The requirements inside the [requirements](./requirements.txt) file work for me. Depending on the GPU you have and what CUDA versions it
supports you might have to install different versions of dgl and pytorch. If you have an AMD GPU you will have to find out what works for you.

Version selector for [dgl](https://www.dgl.ai/pages/start.html) and for [pytorch](https://pytorch.org/get-started/locally/)

At some point I needed an older version of pytorch to get the correct CUDA versions so it didn't clash with the CUDA versions for DGL, those you can find [here](https://pytorch.org/get-started/previous-versions/)

In [6]:
# Move the data into the DGSR submodule
!cp -a ../data/dgsr/. ../DGSR/Data/

The following might take a while to generate all the graphs and it will take quit a lot of storage space (50+ GB). Expanding the small amount of data results in massive amounts of graph data and is the reason why it is not feasible for me to run this on my own hardware. 

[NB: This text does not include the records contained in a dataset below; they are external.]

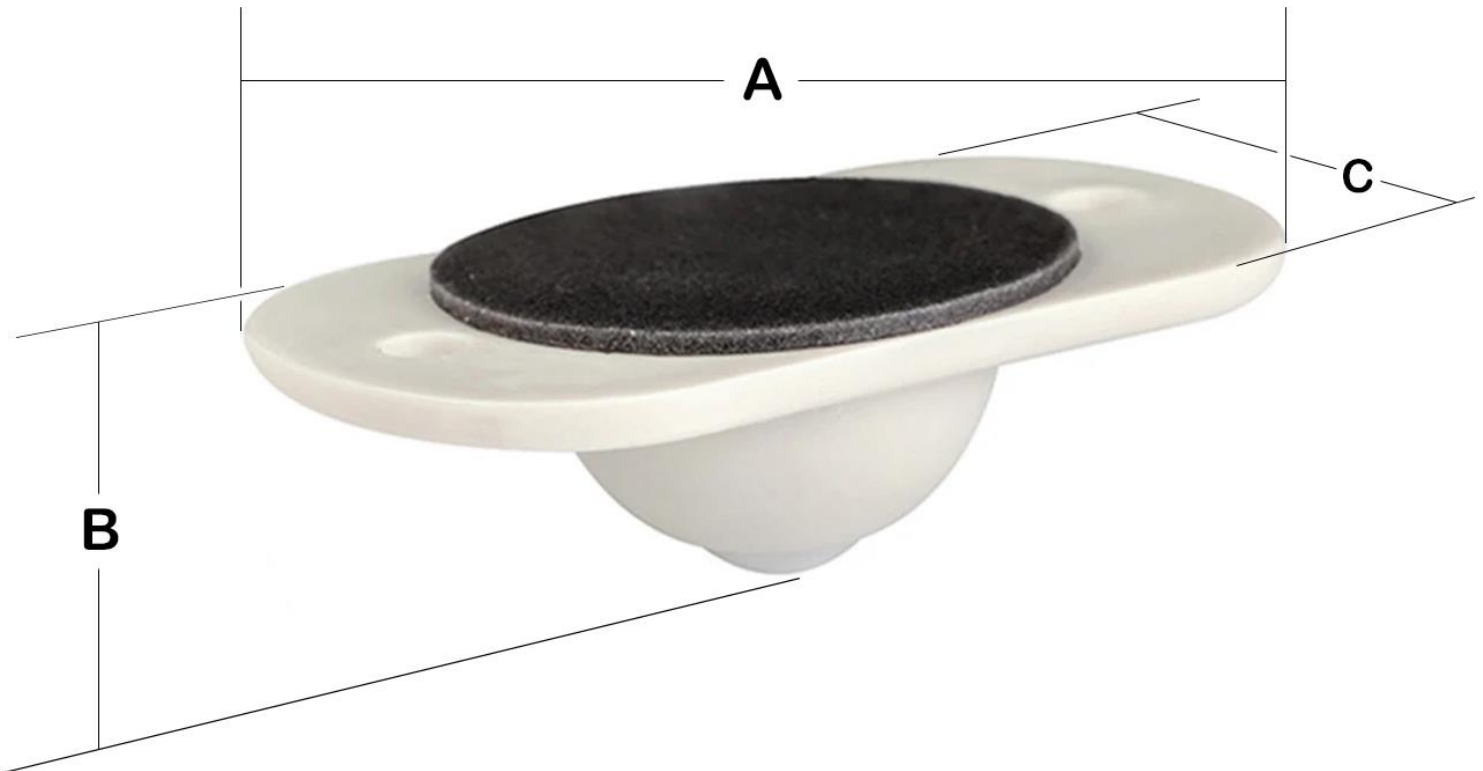

FurniBall

Ficha Técnica

Dimensiones Específicas de las Ruedas Giratorias, FurniBall en mm.

Clave	A	B	C
MXRHZ-001 a MXRHZ-006	45	14	28
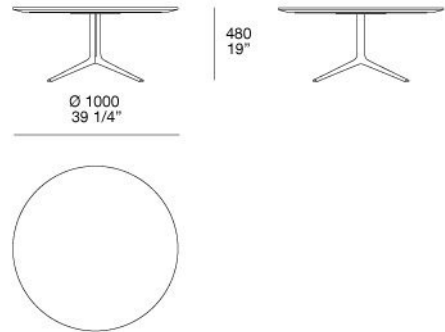

MONDRIAN

JEAN-MARIE MASSAUD (2017)

MOTA100RA

Poliform
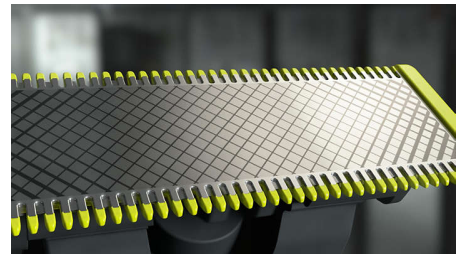

## Aufsteckbarer Trimmeraufsatz für den Körper

Befestigen Sie einfach den 3-mm-Kammaufsatz, um Haare in jede beliebige Richtung zu trimmen.

## Zweiseitige Klinge

OneBlade folgt den Konturen des Gesichts, sodass Sie jeden Bereich auf einfache und angenehme Art trimmen, stylen und rasieren können. Verwenden Sie die doppelseitige Klinge, und bewegen Sie sie in jede Richtung, um Kanten und klare Linien zu stylen.
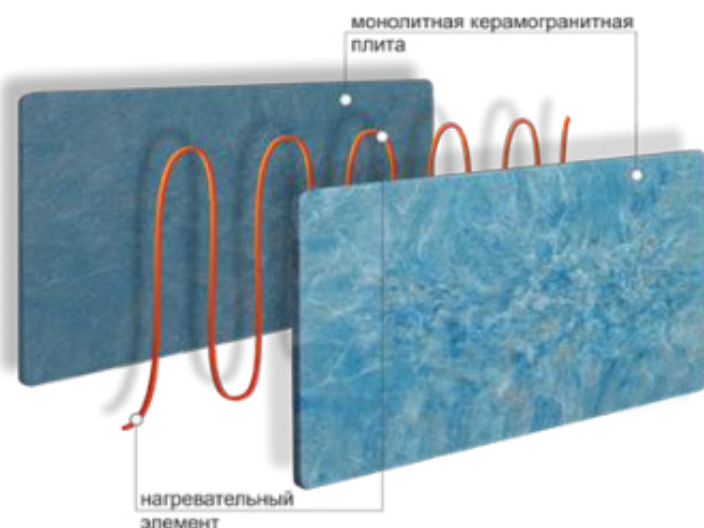

В металлокерамических обогревателях это керамическая плита, полученная путем полусухого прессования под высоким давлением с нагревательным элементом внутри. Благодаря этому мы получаем более равномерное распределение тепла на поверхности и отличные физические свойства: высокую прочность, электроизоляцию, пожаробезопасность, очень низкое влагопоглощение, чёткую форму и эстетичный вид (толщина обогревателя всего 14 мм). Сверху панель защищает металлический корпус. Обогреватели начинают излучать тепло уже спустя 5 минут после включения, а благодаря теплоаккумулятору остывают в течение 1,5 часа, обогревая помещение без затрат электроэнергии!
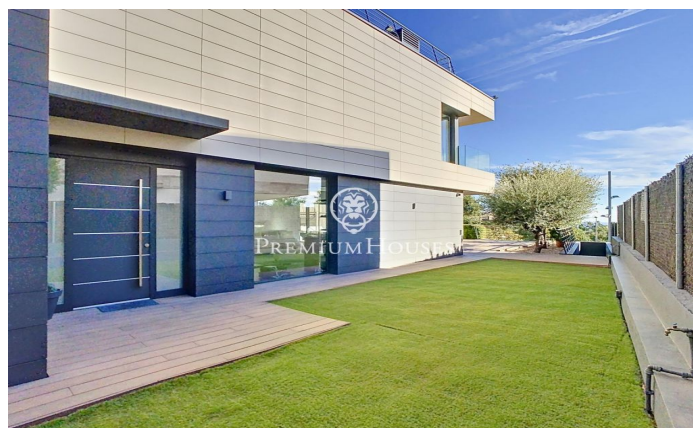

### Teià / Maresme/Barcelona Costa Norte

Ubicada en la población de Teià, en una de sus urbanizaciones con excelentes vistas al mar. Con todos los servicios cercanos como, autopista, supermercados, centros escolares, etc. El acceso a la propiedad es a nivel de calle donde encontramos un gran garaje para 5 coches y el acceso al jardín por unas escaleras laterales. En la planta sótano, aparte del gran parking dispone de una sala polivalente, un baño, ascensor, habitación del servicio y cuarto de máquinas. En la planta baja donde se ubica el jardín con la piscina con vistas al mar. Accederemos a la vivienda por la puerta principal, donde se ubican varias estancias como el Salón con chimenea con grandes ventanales con vistas al jardín, cocina, dos habitaciones y un baño completo. En la primera planta tres habitaciones suites. La suite principal dispone de un baño completo con un jacuzzi con vistas al mar y una pequeña biblioteca. En la planta superior toda la superficie de la propiedad es una excelente terraza donde poner una zona de chill-out espectacular. Todas las plantas están comunicadas por un ascensor. La casa dispone de aire acondicionado, calefacción radial, carpintería exterior de alta gama, armarios empotrados, jacuzzi, domótica. etc.

**1.450.000 €**

497 m<sup>2</sup>  
6 Habitaciones  
5 Baños  
519 m<sup>2</sup> parcela  
Piscina  
AACC  
Calefacción  
Vistas al mar  
Ascensor  
Chimenea  
Seguridad  
Balcón  
Armarios empotrados

Contáctenos para mas información o para concertar una visita
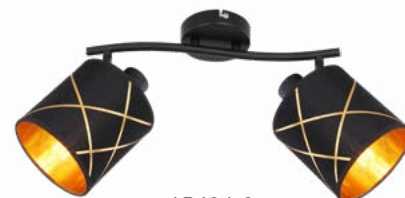

15431-2

Bemmo

15431-1	excl. 1x E27 25W	VPE: 12	↔ 13cm ↓ 17cm ↳ 16cm
15431-2	excl. 2x E27 25W	VPE: 8	↔ 36cm ▾ 18cm
15431-3	excl. 3x E27 25W	VPE: 8	∅28cm ▾ 18cm
15431-3H	excl. 3x E27 40W	VPE: 1	↔ 110cm x 25cm ▾ 140cm
15431-4	excl. 4x E27 25W	VPE: 4	↔ 79,5cm ▾ 18cm
15431-5D	excl. 5x E27 25W	VPE: 4	↔ 79cm x 40cm ▾ 23cm
15431-6	excl. 6x E27 25W	VPE: 2	↔ 177cm ▾ 20cm
15431H1	excl. 1x E27 60W	VPE: 1	∅45cm ▾ 140cm
15431T	excl. 1x E14 25W	VPE: 6	∅15cm ↓ 35cm

metal black matt, textile black, golden
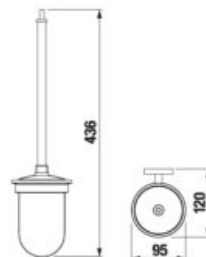

DRŽIAK NA TOALETNÝ PAPIER S KRYTOM MIO S

Číslo výrobku	Popis výrobku	Cena
H3837410040001	držiak na toaletný papier s krytom, chróm	37,97 €

WC SÚPRAVA MIO S

Číslo výrobku	Popis výrobku	Cena
H3837430040001	WC súprava vrátane kefy a sklenenej misky, chróm	38,79 €
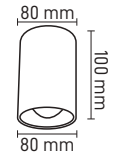

CE

15.35\$

KASA RENGİ

BEYAZ SIYAH GOLD

REFLEKTÖR RENGİ

BEYAZ SIYAH GOLD

SİLİNDİR DEKORATİF ARMATÜR
MX-4068

CE

Their datasets were similar size to our 5% sample which I use, but later on I found out that they have way more compute power than I do. So hence the reason why it is not feasible for me to run this on my own hardware.

In [None]:
# Generate the dynamic graphs and save them to disk so they don't have to be generated multiple times at runtime
!./load_data.sh

# Changes to make in the DGSR code
Open [this](./DGSR/generate_neg.py) file and change the dataset to "transactions_train"

In [None]:
# Generate negative samples, those are used for test and validation dataset of the algorithm
!./load_neg_data.sh

The following will take a while to run, I ran it for like 2 or 3 hours and it wasn't even close to finishing. I estimate to take at least 1.5 to 2 days to run on my hardware. I have other courses for which I also need my the GPU compute power so I can't run it for that long. 

In [None]:
# Train the model
!./train.sh